Dataset entries >>
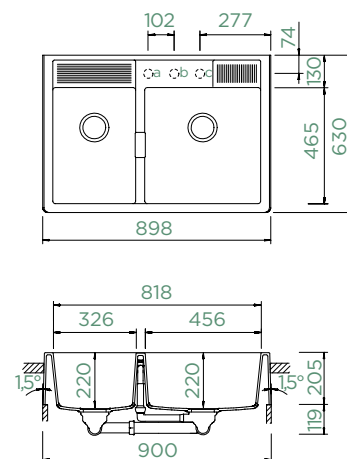

## KALLIO M-175

MODUL

Šířka skříňky: **90 cm**  
 Vnitřní rozměr dřezu:  
**456 × 465 × 220 mm**  
 Orientace dřezu: **pevně daná**

Vytvoření otvorů: **629004**

Příslušenství v ceně:

Odtokové armatury, sítka/zátka,  
 excentrické ovládání (410067CHR)
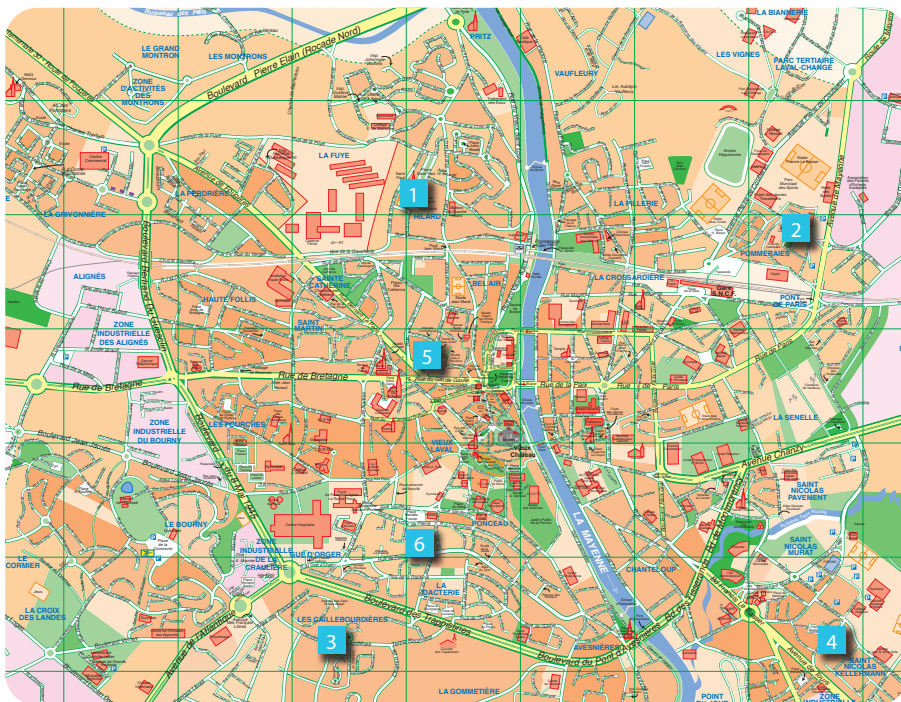

EIL ENFANTS PARENTS

	Mercredi	Jeudi	Vendredi
*)	Salle du Tertre 26, rue St Bernard Clairvaux		ALSH Alfred Jarry 58, Rue de la Charrière
		Maison de quartier des Pommeraies 43, rue des grands carrés	

Vous serez accueillis à chaque temps LAEP P'Tit Ubulle par 2 professionnels de la Ville.

Infos pratiques

LIEUX D'ACCUEIL ENFANTS/PARENTS dans les quartiers

- 1 Maison de quartier d'Hilard
- 2 Maison de quartier des Pommerais
- 3 Salle du Tertre
- 4 ALSH Alfred Jarry Les Chemins
- 5 CLEP

6 DIRECTION PETITE ENFANCE
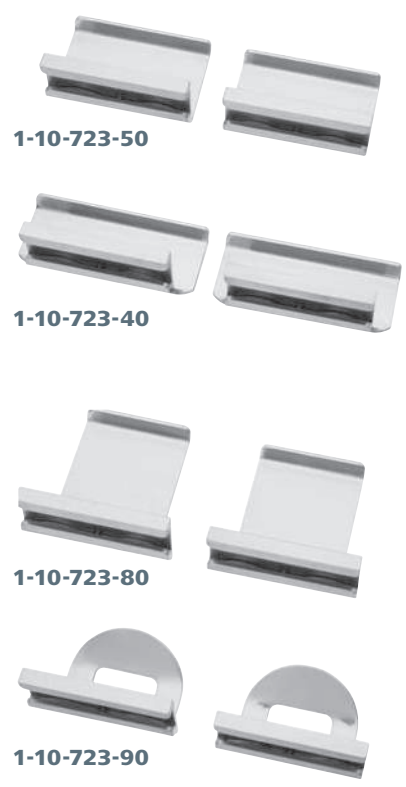

DE BAKEY klein

	S	L	B	T
<b>1-10-721-05</b>	152 mm	144 mm		

Inklusive je 1 Paar Seitenvalven  
Including 1 pair each of blades

<b>1-10-721-30</b>			30 mm	30 mm
<b>1-10-721-40</b>			40 mm	40 mm
<b>1-10-721-50</b>			50 mm	50 mm

DE BAKEY groß

	S	L	B	T
<b>1-10-723-05</b>	241 mm	189 mm		

Inklusive je 1 Paar Seitenvalven  
Including 1 pair each of blades

<b>1-10-723-60</b>			60 mm	60 mm
<b>1-10-723-50</b>			80 mm	50 mm
<b>1-10-723-40</b>			100 mm	40 mm

optional  
optional

<b>1-10-723-80</b>			60 mm	80 mm
<b>1-10-723-90</b>			66 mm	50 mm

HARKEN Rippen- und Scapulaspreizer / *Rib and scapula spreader*

	S	L	B	T
<b>1-10-728-05</b>	280 mm	210 mm	65 mm	49 mm
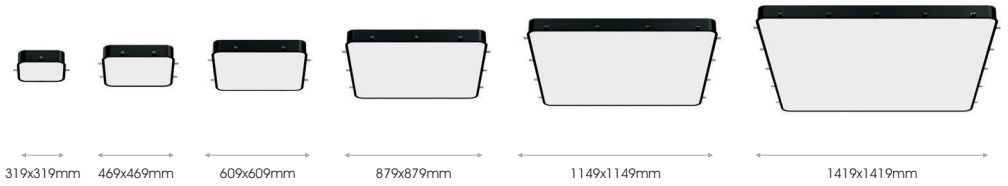

Model	Luminaire Colour*	CCT	Watt / Diameter	CRI** LED Source	CRI** LED Source	Type	Voltage	Dimming Option	Extras	
LOOP Recessed High Power <i>(LOOP RC HP)</i>	White <i>(WH)</i>	3000K <i>(30)</i>	HIGH POWER	≥ 80 <i>(80)</i>	≥ 80 <i>(80)</i>	Opal <i>(OP)</i>	230VAC <i>(230)</i>	Non Dimmable <i>(ND)</i>	Function Standard <i>(0)</i> Emergency <i>(1)</i>	
	Black <i>(BL)</i>	4000K <i>(40)</i>	17.6W / 30x30cm <i>(18W3030)</i>	2660lm	2780lm	Low Glare <i>(LG) ***</i>		Analogue <i>(1-10V) (A1)</i>		
			39.5W / 45x45cm <i>(40W4545)</i>	5860lm	6160lm					
			75W / 59x59cm <i>(75W5959)</i>	10720lm	11270lm					
	Grey <i>(GR)</i>		153.5W / 86x86cm <i>(154W8686)</i>	22150lm	23290lm			DALI <i>(DL)</i>		
			272.8W / 113x113cm <i>(273W113113)</i>	39380lm	41400lm			Wireless <i>(WL)</i>		
			426.3W / 140x140cm <i>(426W140140)</i>	61540lm	64700lm					
	LOOP Recessed High Efficiency <i>(LOOP RC HE)</i>			HIGH EFFICIENCY	≥ 80 <i>(80)</i>	≥ 80 <i>(80)</i>	Opal <i>(OP)</i>			
				6.6W / 30x30cm <i>(07W3030)</i>	1130lm	1180lm	Low UGR <i>(LU) ***</i>			
			13.4W / 45x45cm <i>(13W4545)</i>	2250lm	2370lm					
			25.9W / 59x59cm <i>(26W5959)</i>	4200lm	4410lm					
			58.3W / 86x86cm <i>(58W8686)</i>	9450lm	9930lm					
			103.7W / 113x113cm <i>(104W113113)</i>	16790lm	17650lm					
			162W / 140x140cm <i>(162W140140)</i>	26230lm	27580lm					

* Custom luminaire colours available upon request.

** Available in CRI90 upon request.

*** Low Glare (UGR<21.8), Low UGR (UGR<18.6)

Ordering Code Example: LOOP RC HP-BL-30-154W8686-80-LG-230-ND-0

LOOP Recessed

Activity >> The copy must reproduce every entry exactly while excluding all pictures.

Written answer >>
## KALLIO M-175

MODUL

Šířka skříňky: **90 cm**  
 Vnitřní rozměr dřezu:  
**456 × 465 × 220 mm**  
 Orientace dřezu: **pevně daná**

Vytvoření otvorů: **629004**

Příslušenství v ceně:

Odtokové armatury, sítka/zátka,  
 excentrické ovládání (410067CHR)

EIL ENFANTS PARENTS

	Mercredi	Jeudi	Vendredi
*)	Salle du Tertre 26, rue St Bernard Clairvaux		ALSH Alfred Jarry 58, Rue de la Charrière
		Maison de quartier des Pommeraies 43, rue des grands carrés	

Vous serez accueillis à chaque temps LAEP P'Tit Ubulle par 2 professionnels de la Ville.

Infos pratiques

LIEUX D'ACCUEIL ENFANTS/PARENTS dans les quartiers

- 1 Maison de quartier d'Hilard
- 2 Maison de quartier des Pommerais
- 3 Salle du Tertre
- 4 ALSH Alfred Jarry Les Chemins
- 5 CLEP

6 DIRECTION PETITE ENFANCE

DE BAKEY klein

	S	L	B	T
<b>1-10-721-05</b>	152 mm	144 mm		

Inklusive je 1 Paar Seitenvalven  
Including 1 pair each of blades

<b>1-10-721-30</b>			30 mm	30 mm
<b>1-10-721-40</b>			40 mm	40 mm
<b>1-10-721-50</b>			50 mm	50 mm

DE BAKEY groß

	S	L	B	T
<b>1-10-723-05</b>	241 mm	189 mm		

Inklusive je 1 Paar Seitenvalven  
Including 1 pair each of blades

<b>1-10-723-60</b>			60 mm	60 mm
<b>1-10-723-50</b>			80 mm	50 mm
<b>1-10-723-40</b>			100 mm	40 mm

optional  
optional

<b>1-10-723-80</b>			60 mm	80 mm
<b>1-10-723-90</b>			66 mm	50 mm

HARKEN Rippen- und Scapulaspreizer / *Rib and scapula spreader*

	S	L	B	T
<b>1-10-728-05</b>	280 mm	210 mm	65 mm	49 mm

Model	Luminaire Colour*	CCT	Watt / Diameter	CRI** LED Source	CRI** LED Source	Type	Voltage	Dimming Option	Extras	
LOOP Recessed High Power <i>(LOOP RC HP)</i>	White <i>(WH)</i>	3000K <i>(30)</i>	HIGH POWER	≥ 80 <i>(80)</i>	≥ 80 <i>(80)</i>	Opal <i>(OP)</i>	230VAC <i>(230)</i>	Non Dimmable <i>(ND)</i>	Function Standard <i>(0)</i> Emergency <i>(1)</i>	
	Black <i>(BL)</i>	4000K <i>(40)</i>	17.6W / 30x30cm <i>(18W3030)</i>	2660lm	2780lm	Low Glare <i>(LG) ***</i>		Analogue <i>(1-10V) (A1)</i>		
			39.5W / 45x45cm <i>(40W4545)</i>	5860lm	6160lm					
			75W / 59x59cm <i>(75W5959)</i>	10720lm	11270lm					
	Grey <i>(GR)</i>		153.5W / 86x86cm <i>(154W8686)</i>	22150lm	23290lm			DALI <i>(DL)</i>		
			272.8W / 113x113cm <i>(273W113113)</i>	39380lm	41400lm			Wireless <i>(WL)</i>		
			426.3W / 140x140cm <i>(426W140140)</i>	61540lm	64700lm					
	LOOP Recessed High Efficiency <i>(LOOP RC HE)</i>			HIGH EFFICIENCY	≥ 80 <i>(80)</i>	≥ 80 <i>(80)</i>	Opal <i>(OP)</i>			
				6.6W / 30x30cm <i>(07W3030)</i>	1130lm	1180lm	Low UGR <i>(LU) ***</i>			
			13.4W / 45x45cm <i>(13W4545)</i>	2250lm	2370lm					
			25.9W / 59x59cm <i>(26W5959)</i>	4200lm	4410lm					
			58.3W / 86x86cm <i>(58W8686)</i>	9450lm	9930lm					
			103.7W / 113x113cm <i>(104W113113)</i>	16790lm	17650lm					
			162W / 140x140cm <i>(162W140140)</i>	26230lm	27580lm					

* Custom luminaire colours available upon request.

** Available in CRI90 upon request.

*** Low Glare (UGR<21.8), Low UGR (UGR<18.6)

Ordering Code Example: LOOP RC HP-BL-30-154W8686-80-LG-230-ND-0

LOOP Recessed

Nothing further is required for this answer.